Advanced Data Wrangling in Python

Tutorial 5 of 5

Advanced Data Wrangling in Python

1. Introduction

This tutorial aims to equip you with advanced data wrangling techniques using Python. Data wrangling involves the process of cleaning and unifying messy and complex data sets for easy access and analysis. We will be using Python's Pandas library, an open-source data analysis and manipulation tool, to handle our data.

By the end of this tutorial, you will learn:
- How to handle missing and duplicate data
- How to apply functions to transform data
- How to reshape and pivot data frames

Prerequisites: Basic understanding of Python programming and familiarity with the Pandas library. If you are new to Python or Pandas, you might want to check beginner tutorials first.

2. Step-by-Step Guide

Handling Missing Data

Missing data is a common problem in data sets. Pandas provides several methods to handle it, such as isnull(), notnull(), dropna(), and fillna() functions.

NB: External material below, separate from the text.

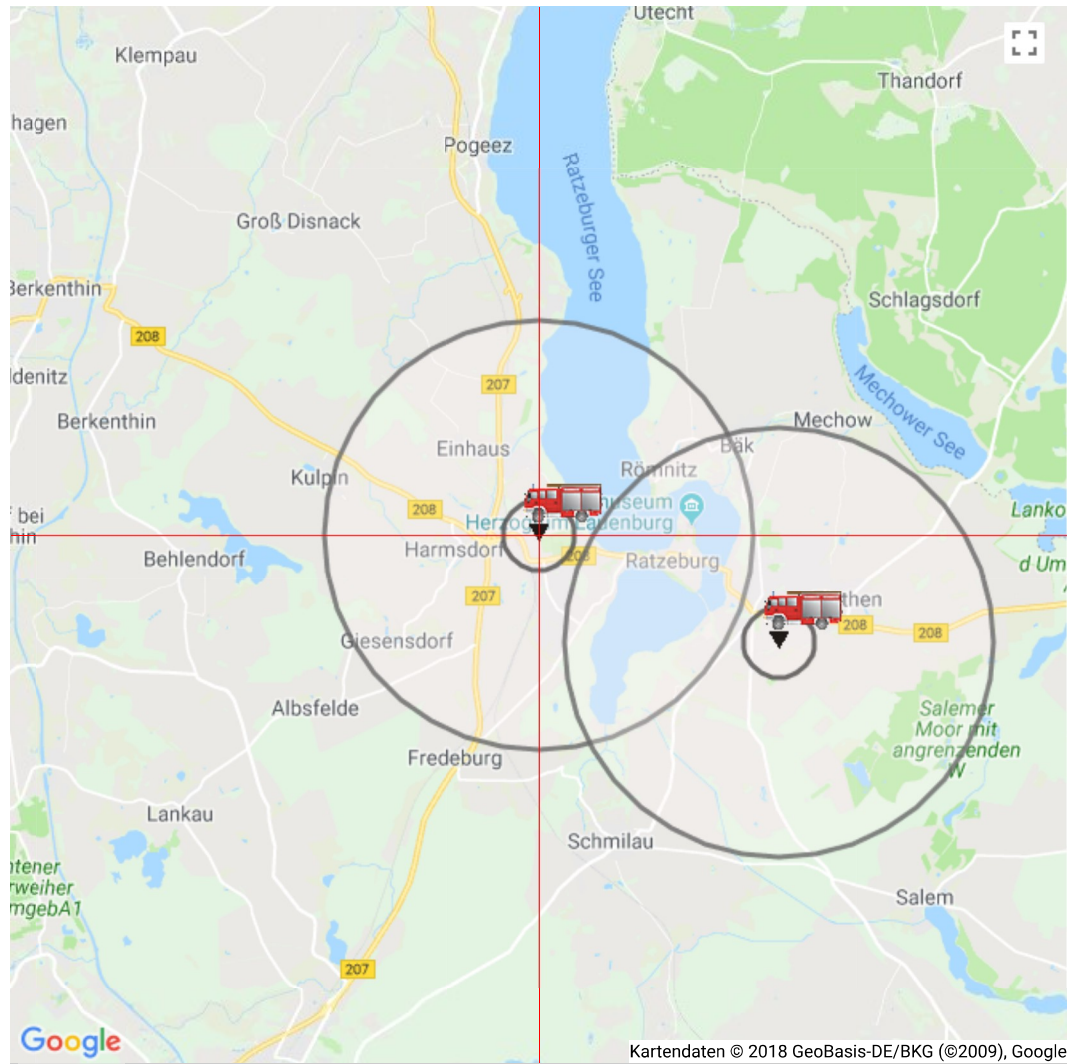

Aktionsradius des Ausrückebereichs Ratzeburg - St.Georg

Legende

Kartenmittelpunkt Länge: Breite:

- Aktionsradius bei 8 Minuten Eintreffzeit
- Aktionsradius bei 13 Minuten Eintreffzeit

# Importing pandas library
import pandas as pd

# Create a dataframe
df = pd.DataFrame({
   'A': [1, 2, np.nan],
   'B': [5, np.nan, np.nan],
   'C': [1, 2, 3]
})

# Check for missing values
df.isnull()

Removing Duplicates

Duplicate data can skew your analysis. Use drop_duplicates() to remove them.

# Create a dataframe with duplicates
df = pd.DataFrame({
   'A': ['foo', 'bar', 'foo', 'bar', 'foo', 'bar', 'foo', 'foo'],
   'B': ['one', 'one', 'two', 'three', 'two', 'two', 'one', 'three'],
   'C': ['small', 'large', 'large', 'small', 'small', 'large', 'large', 'small'],
   'D': [1, 2, 2, 3, 3, 4, 5, 6],
   'E': [2, 4, 5, 5, 6, 6, 8, 9]
})

# Remove duplicate rows
df.drop_duplicates()

3. Code Examples

Applying Functions

Apply functions are powerful tools to transform data. Here we use applymap() function.

# Create a dataframe
df = pd.DataFrame({
   'A': [1, 2, 3, 4, 5],
   'B': [10, 20, 30, 40, 50],
   'C': [100, 200, 300, 400, 500]
})

# Create a function to square the values
square = lambda x: x**2

# Apply the function to the dataframe
df = df.applymap(square)

Reshaping Data

Use melt() function to reshape data.

# Create a dataframe
df = pd.DataFrame({
   'A': ['John', 'Boby', 'Mina'],
   'B': ['Masters', 'Graduate', 'Graduate'],
   'C': [27, 23, 21]
})

# Reshape the data
df.melt()

4. Summary

We covered advanced data wrangling techniques such as handling missing and duplicate data, applying functions to transform data, and reshaping data frames.

For further learning, consider exploring how to merge and join data frames, handling categorical data, and advanced data filtering.

5. Practice Exercises

  1. Create a DataFrame with some missing values and try different methods of handling them.
  2. Remove duplicate data from a DataFrame.
  3. Apply a function to transform a DataFrame.
  4. Reshape a DataFrame using the melt function.

Try to solve these exercises on your own. They will help you understand and remember the techniques better. Happy coding!